ACTIVITY: Start at the line in the entries below that contains "LWA197 - Correlator#", stop at the line that contains "- 4: Erou chromé", and output exactly the lines in that span, both ends included.

:: RAW DATA ::

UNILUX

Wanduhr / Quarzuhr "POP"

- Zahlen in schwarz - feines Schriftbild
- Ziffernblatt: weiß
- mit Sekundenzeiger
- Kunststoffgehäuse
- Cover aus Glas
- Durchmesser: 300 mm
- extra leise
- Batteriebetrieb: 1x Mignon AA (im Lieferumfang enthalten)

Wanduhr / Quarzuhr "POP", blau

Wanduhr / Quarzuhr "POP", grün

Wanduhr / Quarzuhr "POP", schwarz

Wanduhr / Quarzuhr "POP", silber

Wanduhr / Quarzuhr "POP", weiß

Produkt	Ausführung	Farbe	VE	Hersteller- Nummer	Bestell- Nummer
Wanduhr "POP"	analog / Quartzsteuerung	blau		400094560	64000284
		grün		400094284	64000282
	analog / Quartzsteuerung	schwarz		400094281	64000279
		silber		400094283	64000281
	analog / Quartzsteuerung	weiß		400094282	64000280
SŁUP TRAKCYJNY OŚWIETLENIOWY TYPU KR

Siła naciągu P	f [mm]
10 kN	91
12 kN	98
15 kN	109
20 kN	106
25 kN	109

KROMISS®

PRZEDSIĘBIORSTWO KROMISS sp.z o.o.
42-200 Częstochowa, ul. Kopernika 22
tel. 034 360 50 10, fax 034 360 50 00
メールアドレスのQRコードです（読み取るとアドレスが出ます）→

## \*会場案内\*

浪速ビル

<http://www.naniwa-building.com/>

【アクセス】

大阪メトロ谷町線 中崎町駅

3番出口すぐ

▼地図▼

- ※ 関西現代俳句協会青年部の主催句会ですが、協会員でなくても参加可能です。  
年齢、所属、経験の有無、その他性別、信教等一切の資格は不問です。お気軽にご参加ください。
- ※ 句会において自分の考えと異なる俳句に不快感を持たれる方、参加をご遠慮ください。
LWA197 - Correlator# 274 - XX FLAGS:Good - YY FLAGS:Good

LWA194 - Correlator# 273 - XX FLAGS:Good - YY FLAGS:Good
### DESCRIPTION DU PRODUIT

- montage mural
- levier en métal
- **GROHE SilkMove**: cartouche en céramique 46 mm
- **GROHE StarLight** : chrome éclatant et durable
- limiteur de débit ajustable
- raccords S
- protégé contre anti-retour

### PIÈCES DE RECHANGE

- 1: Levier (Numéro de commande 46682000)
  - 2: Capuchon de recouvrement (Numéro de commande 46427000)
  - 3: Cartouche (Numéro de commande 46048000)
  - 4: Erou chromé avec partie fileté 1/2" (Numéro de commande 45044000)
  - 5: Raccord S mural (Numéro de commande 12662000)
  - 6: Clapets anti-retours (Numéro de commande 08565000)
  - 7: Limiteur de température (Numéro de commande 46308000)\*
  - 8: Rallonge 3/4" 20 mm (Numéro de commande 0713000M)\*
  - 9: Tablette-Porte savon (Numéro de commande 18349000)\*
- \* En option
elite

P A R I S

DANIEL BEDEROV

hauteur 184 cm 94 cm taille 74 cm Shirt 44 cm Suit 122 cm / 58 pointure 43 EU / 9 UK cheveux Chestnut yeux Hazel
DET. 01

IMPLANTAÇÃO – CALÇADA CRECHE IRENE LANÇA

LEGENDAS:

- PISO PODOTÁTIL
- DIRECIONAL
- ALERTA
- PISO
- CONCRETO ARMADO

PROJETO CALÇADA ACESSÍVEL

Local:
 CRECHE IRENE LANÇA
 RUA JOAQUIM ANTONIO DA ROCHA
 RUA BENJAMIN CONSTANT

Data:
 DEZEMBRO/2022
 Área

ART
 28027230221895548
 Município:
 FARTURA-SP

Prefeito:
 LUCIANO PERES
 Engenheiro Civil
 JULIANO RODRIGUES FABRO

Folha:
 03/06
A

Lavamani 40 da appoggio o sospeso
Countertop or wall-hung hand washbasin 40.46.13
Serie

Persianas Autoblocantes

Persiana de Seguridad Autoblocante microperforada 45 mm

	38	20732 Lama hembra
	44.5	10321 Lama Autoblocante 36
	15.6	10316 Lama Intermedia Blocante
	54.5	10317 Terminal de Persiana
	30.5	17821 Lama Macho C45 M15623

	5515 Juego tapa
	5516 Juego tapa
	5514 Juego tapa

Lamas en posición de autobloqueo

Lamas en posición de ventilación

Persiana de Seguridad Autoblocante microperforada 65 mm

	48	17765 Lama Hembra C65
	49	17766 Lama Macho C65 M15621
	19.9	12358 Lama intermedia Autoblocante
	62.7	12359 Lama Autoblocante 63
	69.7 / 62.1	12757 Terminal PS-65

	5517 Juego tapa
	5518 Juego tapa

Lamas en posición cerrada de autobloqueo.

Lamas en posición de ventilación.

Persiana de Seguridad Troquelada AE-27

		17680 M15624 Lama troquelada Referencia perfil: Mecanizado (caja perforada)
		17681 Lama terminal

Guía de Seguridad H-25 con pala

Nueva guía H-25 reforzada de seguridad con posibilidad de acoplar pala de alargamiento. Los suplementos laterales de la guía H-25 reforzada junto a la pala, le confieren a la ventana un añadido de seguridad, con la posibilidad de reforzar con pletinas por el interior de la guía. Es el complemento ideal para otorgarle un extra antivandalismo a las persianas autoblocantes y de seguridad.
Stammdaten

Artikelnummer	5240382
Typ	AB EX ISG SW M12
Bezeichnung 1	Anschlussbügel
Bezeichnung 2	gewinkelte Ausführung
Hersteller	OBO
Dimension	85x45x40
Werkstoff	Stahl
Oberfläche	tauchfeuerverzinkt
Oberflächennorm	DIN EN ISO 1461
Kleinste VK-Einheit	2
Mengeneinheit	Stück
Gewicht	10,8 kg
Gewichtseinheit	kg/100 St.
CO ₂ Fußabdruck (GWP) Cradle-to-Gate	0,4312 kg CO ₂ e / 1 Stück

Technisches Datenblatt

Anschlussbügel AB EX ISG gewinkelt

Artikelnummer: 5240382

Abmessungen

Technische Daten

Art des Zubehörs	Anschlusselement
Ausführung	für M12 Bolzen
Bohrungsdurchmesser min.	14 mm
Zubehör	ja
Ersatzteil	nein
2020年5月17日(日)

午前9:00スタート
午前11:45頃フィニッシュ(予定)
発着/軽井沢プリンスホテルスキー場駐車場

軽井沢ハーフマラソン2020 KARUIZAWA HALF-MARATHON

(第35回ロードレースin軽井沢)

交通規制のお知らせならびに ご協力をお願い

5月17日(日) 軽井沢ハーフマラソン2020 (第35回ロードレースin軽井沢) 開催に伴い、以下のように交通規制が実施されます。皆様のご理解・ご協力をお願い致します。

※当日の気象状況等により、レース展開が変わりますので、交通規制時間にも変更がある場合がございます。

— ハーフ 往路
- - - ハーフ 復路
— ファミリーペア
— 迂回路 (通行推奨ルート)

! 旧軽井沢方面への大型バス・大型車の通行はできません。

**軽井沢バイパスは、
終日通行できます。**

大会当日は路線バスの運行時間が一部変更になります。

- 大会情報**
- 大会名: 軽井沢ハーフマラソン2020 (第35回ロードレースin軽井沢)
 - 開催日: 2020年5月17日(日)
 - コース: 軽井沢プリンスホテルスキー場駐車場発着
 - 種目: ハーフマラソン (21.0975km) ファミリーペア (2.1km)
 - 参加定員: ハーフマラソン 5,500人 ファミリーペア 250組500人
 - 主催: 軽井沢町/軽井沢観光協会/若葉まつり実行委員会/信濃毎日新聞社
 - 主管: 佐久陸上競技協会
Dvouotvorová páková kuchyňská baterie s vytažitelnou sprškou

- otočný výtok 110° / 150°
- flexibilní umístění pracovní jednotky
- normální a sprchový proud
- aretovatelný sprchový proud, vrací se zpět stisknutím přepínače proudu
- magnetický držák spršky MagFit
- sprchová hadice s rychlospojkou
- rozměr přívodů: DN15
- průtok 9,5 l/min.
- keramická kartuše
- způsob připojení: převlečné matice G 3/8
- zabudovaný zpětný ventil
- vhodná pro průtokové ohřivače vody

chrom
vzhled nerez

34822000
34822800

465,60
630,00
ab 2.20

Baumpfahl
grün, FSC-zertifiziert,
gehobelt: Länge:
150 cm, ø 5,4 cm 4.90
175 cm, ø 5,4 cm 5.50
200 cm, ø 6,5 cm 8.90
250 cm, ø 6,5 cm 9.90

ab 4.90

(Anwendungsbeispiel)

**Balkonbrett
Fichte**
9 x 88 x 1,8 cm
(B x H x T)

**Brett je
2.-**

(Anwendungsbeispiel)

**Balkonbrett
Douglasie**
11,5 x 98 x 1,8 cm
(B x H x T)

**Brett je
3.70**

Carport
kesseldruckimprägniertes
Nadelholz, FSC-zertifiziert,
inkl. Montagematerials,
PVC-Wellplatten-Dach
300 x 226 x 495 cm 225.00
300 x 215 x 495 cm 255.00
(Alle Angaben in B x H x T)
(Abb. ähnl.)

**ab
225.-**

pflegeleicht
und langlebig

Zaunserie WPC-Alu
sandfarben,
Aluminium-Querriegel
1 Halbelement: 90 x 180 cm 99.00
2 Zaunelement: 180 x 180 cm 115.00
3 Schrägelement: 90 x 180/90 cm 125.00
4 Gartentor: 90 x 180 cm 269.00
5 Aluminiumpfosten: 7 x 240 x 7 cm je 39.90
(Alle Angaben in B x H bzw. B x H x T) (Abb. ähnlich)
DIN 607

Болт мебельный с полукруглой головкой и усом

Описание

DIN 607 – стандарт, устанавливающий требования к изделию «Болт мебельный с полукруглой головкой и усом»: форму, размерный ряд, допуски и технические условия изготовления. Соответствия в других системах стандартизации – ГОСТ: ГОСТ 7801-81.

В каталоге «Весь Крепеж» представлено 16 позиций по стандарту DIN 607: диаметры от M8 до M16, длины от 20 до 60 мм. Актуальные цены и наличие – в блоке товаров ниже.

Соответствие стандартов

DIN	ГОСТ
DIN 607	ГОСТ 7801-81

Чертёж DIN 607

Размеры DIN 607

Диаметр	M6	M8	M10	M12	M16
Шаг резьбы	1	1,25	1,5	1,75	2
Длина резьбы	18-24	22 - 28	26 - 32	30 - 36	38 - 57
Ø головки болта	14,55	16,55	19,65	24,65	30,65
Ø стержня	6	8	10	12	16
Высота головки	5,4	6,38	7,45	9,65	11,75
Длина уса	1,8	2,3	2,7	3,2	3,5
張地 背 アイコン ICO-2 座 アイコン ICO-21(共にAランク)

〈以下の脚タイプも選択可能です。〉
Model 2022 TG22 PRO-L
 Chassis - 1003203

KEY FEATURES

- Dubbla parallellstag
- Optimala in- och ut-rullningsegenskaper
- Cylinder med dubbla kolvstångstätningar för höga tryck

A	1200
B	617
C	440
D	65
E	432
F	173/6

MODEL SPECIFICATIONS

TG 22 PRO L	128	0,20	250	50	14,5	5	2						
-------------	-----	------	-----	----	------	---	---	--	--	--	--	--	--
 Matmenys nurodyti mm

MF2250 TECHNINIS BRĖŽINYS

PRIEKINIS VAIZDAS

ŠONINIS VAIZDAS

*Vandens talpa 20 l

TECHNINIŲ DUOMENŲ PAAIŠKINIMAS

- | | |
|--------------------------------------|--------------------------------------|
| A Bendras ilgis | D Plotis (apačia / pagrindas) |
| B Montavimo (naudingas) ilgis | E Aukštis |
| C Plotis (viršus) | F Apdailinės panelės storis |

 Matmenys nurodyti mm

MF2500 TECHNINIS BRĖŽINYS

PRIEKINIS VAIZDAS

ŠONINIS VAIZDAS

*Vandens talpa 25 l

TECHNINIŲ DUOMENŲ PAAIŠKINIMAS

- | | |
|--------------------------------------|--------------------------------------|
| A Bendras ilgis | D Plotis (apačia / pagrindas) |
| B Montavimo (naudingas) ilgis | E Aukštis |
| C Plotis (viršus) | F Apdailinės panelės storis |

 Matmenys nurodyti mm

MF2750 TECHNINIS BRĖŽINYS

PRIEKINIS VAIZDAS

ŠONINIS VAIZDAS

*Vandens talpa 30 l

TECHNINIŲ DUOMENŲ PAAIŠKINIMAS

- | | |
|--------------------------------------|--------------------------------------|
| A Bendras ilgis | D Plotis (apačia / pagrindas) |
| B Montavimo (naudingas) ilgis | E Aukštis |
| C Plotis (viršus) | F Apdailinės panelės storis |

:::

RESPONSE TO THIS EXERCISE:
LWA197 - Correlator# 274 - XX FLAGS:Good - YY FLAGS:Good

LWA194 - Correlator# 273 - XX FLAGS:Good - YY FLAGS:Good
### DESCRIPTION DU PRODUIT

- montage mural
- levier en métal
- **GROHE SilkMove**: cartouche en céramique 46 mm
- **GROHE StarLight** : chrome éclatant et durable
- limiteur de débit ajustable
- raccords S
- protégé contre anti-retour

### PIÈCES DE RECHANGE

- 1: Levier (Numéro de commande 46682000)
  - 2: Capuchon de recouvrement (Numéro de commande 46427000)
  - 3: Cartouche (Numéro de commande 46048000)
  - 4: Erou chromé avec partie fileté 1/2" (Numéro de commande 45044000)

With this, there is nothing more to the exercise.